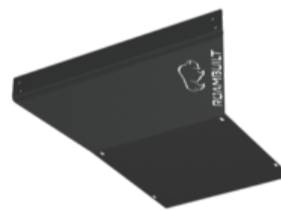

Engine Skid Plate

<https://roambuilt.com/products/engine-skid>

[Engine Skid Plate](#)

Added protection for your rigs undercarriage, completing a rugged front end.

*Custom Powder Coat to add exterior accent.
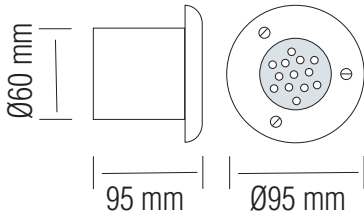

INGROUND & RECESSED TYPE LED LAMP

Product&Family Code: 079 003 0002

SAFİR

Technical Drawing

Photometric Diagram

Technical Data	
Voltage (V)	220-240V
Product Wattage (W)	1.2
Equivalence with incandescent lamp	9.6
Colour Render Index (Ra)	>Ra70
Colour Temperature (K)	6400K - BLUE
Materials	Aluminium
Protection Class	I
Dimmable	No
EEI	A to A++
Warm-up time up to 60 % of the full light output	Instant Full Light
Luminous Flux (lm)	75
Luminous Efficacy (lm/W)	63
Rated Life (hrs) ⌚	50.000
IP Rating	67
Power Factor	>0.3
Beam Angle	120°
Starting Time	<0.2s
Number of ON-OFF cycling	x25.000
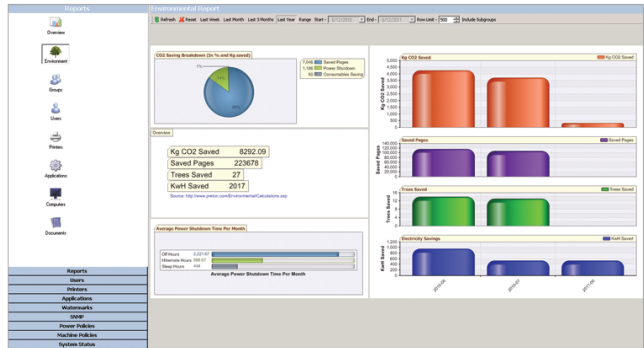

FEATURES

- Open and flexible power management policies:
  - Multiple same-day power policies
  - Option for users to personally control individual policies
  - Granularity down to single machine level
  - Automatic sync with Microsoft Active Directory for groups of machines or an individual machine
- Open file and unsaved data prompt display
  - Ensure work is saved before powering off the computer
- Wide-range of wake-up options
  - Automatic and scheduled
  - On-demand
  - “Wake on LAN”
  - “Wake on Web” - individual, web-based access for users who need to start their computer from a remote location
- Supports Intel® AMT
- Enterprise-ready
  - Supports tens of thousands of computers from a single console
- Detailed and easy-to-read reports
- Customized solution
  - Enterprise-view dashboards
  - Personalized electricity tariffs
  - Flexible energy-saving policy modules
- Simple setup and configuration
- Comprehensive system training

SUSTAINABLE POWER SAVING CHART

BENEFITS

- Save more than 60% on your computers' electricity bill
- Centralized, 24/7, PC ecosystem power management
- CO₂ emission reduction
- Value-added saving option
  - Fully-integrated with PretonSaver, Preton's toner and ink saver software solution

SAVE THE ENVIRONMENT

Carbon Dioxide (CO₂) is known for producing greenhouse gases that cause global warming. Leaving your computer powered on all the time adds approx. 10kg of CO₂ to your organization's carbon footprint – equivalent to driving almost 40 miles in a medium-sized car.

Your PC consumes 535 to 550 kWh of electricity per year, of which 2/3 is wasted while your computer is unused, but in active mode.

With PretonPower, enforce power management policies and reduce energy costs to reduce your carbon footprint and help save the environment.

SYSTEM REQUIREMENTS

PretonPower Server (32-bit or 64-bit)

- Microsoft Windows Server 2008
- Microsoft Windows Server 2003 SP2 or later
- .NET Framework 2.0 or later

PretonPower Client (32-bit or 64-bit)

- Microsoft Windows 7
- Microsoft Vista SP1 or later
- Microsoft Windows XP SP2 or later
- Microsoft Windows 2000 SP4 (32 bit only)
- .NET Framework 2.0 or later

• _WHAT IS EXPECTED_: Any pictures are to be skipped, and the lines from the beginning of the entries through the line with "- Multiple same-day power policies" copied exactly.

• _TASK RESULT_:
Engine Skid Plate

<https://roambuilt.com/products/engine-skid>

[Engine Skid Plate](#)

Added protection for your rigs undercarriage, completing a rugged front end.

*Custom Powder Coat to add exterior accent.

INGROUND & RECESSED TYPE LED LAMP

Product&Family Code: 079 003 0002

SAFİR

Technical Drawing

Photometric Diagram

Technical Data	
Voltage (V)	220-240V
Product Wattage (W)	1.2
Equivalence with incandescent lamp	9.6
Colour Render Index (Ra)	>Ra70
Colour Temperature (K)	6400K - BLUE
Materials	Aluminium
Protection Class	I
Dimmable	No
EEI	A to A++
Warm-up time up to 60 % of the full light output	Instant Full Light
Luminous Flux (lm)	75
Luminous Efficacy (lm/W)	63
Rated Life (hrs) ⌚	50.000
IP Rating	67
Power Factor	>0.3
Beam Angle	120°
Starting Time	<0.2s
Number of ON-OFF cycling	x25.000

FEATURES

- Open and flexible power management policies:
  - Multiple same-day power policies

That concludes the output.